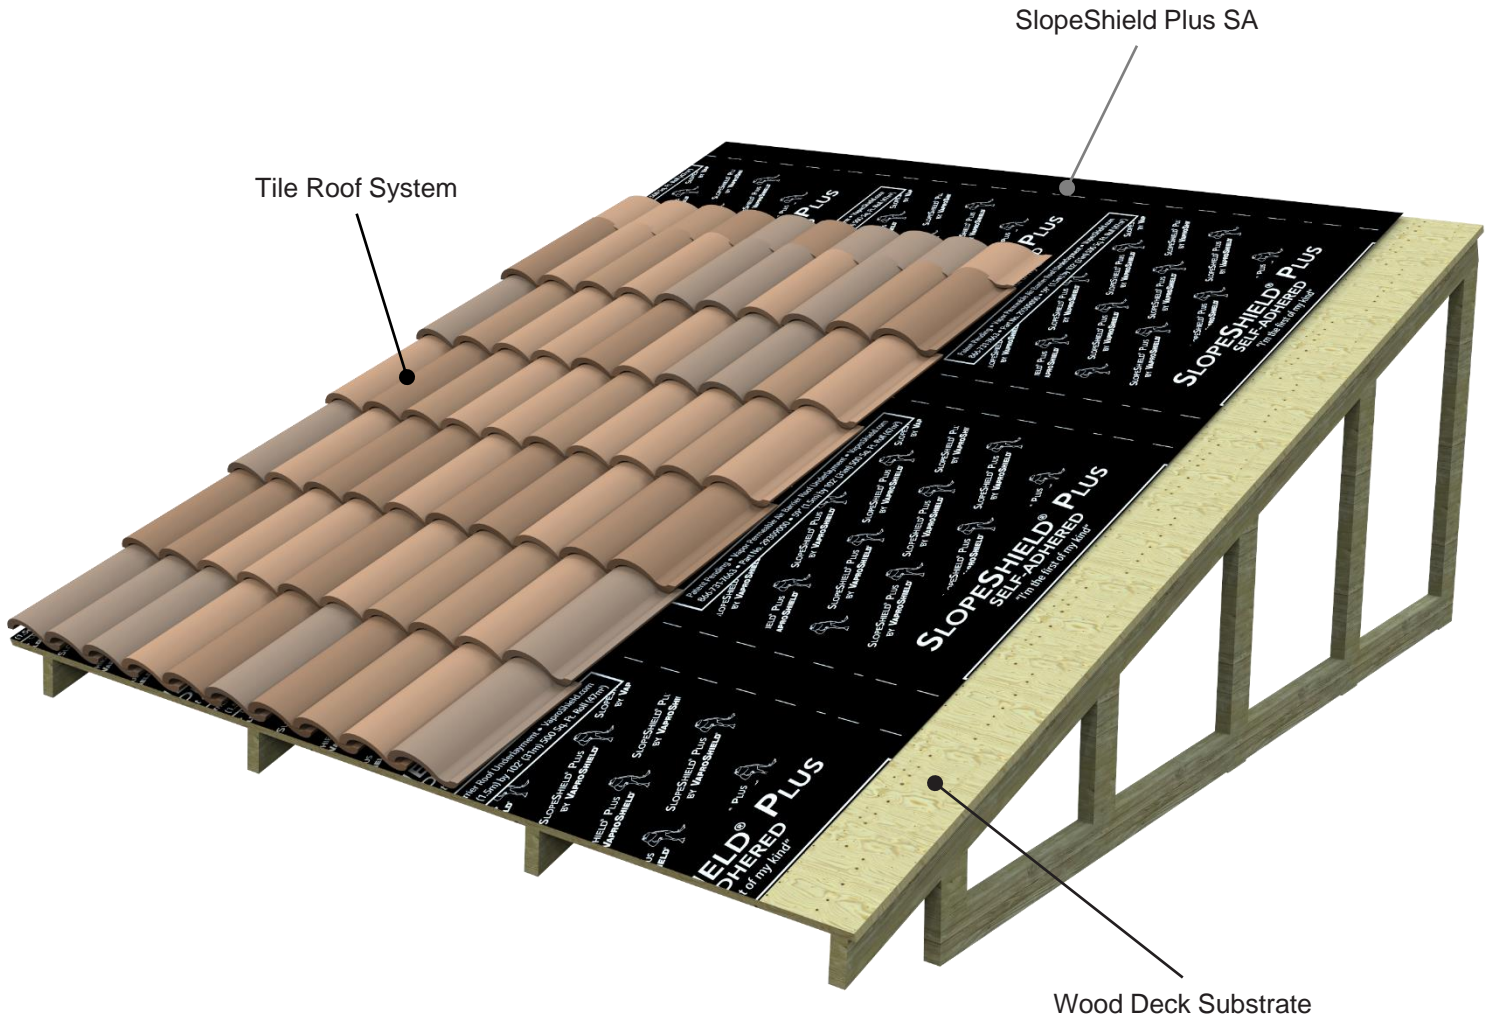

# SlopeShield Plus Self-Adhered with Tile Roof

## SLOPESHIELD® PLUS SELF-ADHERED

### PRODUCT DESCRIPTION

SlopeShield Plus Self-Adhered is a highly vapor permeable roofing underlayment Air Barrier (AB) material

§ **What to work on**
Every line from the one holding "### PRODUCT DESCRIPTION" through the last line of the listing above should be set down exactly, and nothing more.

§ **Response for this exercise**
### PRODUCT DESCRIPTION

SlopeShield Plus Self-Adhered is a highly vapor permeable roofing underlayment Air Barrier (AB) material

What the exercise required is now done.